Whatever theory Sir Frank had formed as to the case, it had certainly not included this incident. He had thought it possible that after Weathered had carried off the bottle his wife had found it and taken it in turn from him. He had never conjectured that the feeble-looking woman had been brave and cool enough to checkmate her husband in advance like this.

“For the moment I felt safe,” Mrs. Neobard went on steadily. “But how long could I expect to be from such a husband as mine? He was a doctor, and it was easy for him to obtain other poisons. He would have had to do that in any case, I think, as it turned out. Mrs. Baker quarrelled with him soon after, because he had advised her to kill a favourite cat. She refused to have anything more to do with him, and as her letters were more damaging to him than to her he had no hold on her. I soon found that he had destroyed them.”

This was another new light for the consultant. And it prepared him for what was to come next.

“It seemed to me that my only chance of escape was to leave him. But what reason could I give to the world for doing so? I had nothing to complain of as far as his treatment of me was concerned.

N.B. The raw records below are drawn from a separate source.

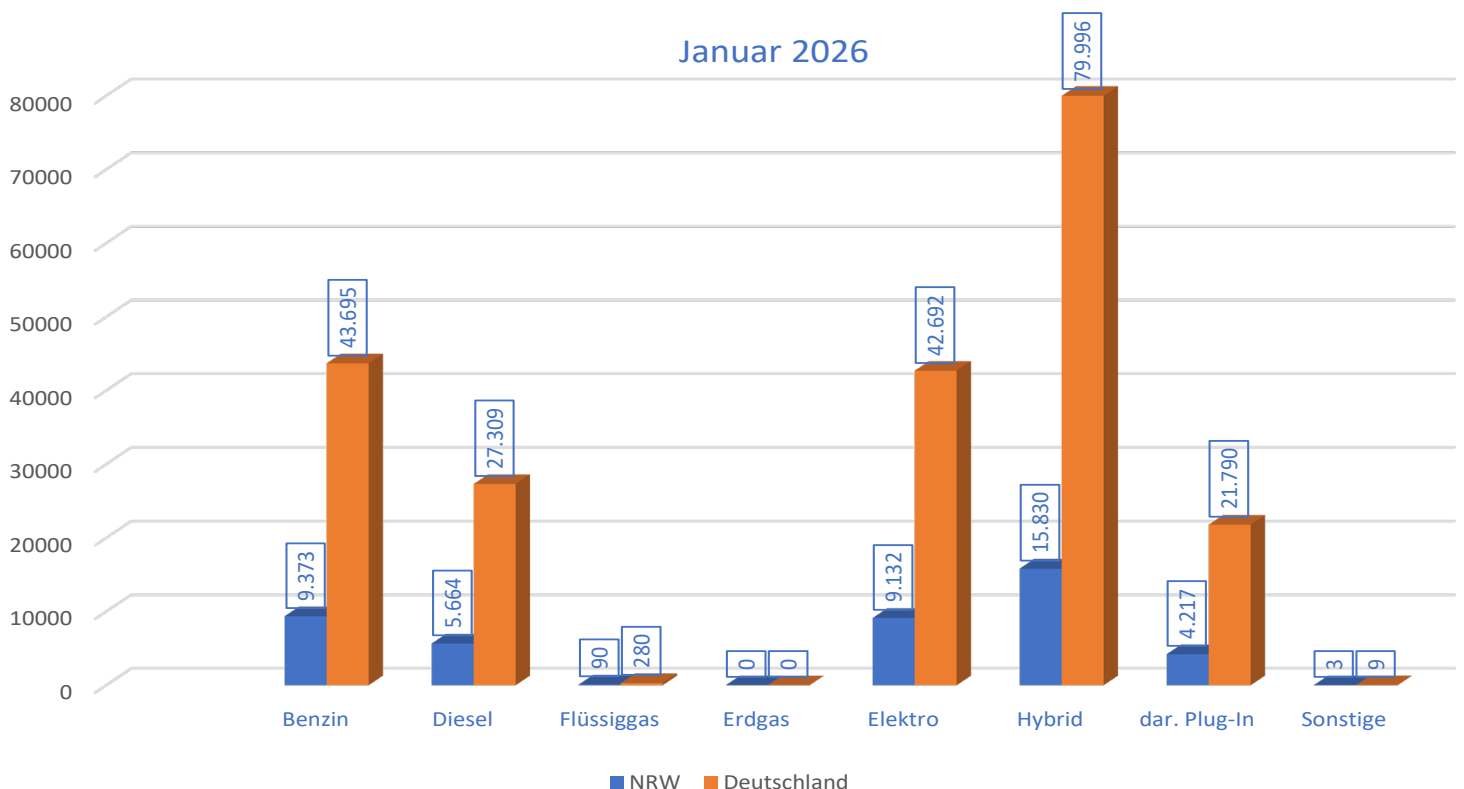

688

ggü. Vorjahresmonat
NRW Deutschland

-20,9 % -20,1 %

-24,5 % -21,3 %

-2,9 % -22,3 %

+36,2 % +25,4 %

+50,0 % -12,4 %

Pkw-Neuzulassungen nach Kraftstoffarten / Antrieb / Alternative Kraftstoffe

Januar 2026

Neuzulassungen von Kraftfahrzeugen im Vergleich zum Vorjahr:

Januar - Dezember
Vergleich 2025/2026

Quelle: KBA

Neuzulassungen von Kraftfahrzeugen im Vergleich zum Vorjahr:

Januar - Dezember
Vergleich 2025/2026

He was always perfectly courteous. We were on friendly terms outwardly. I couldn’t prove that he had been unfaithful to me; I wasn’t even sure in my own mind that he had been, yet, although the letters showed me that he was pursuing one of his victims. What could I say? Was I to denounce him publicly as a scoundrel, and produce the letters? I might have ruined dozens of innocent men and women. And I might fail. I might find that the world sided with him instead of me. I knew him well enough to know exactly what he would do. He would say that I had spied on his professional work, that I had pried into the secrets of his patients and that jealousy had made me insane. And he would have found plenty of people to believe him. A wife who betrays her husband is not likely to be forgiven.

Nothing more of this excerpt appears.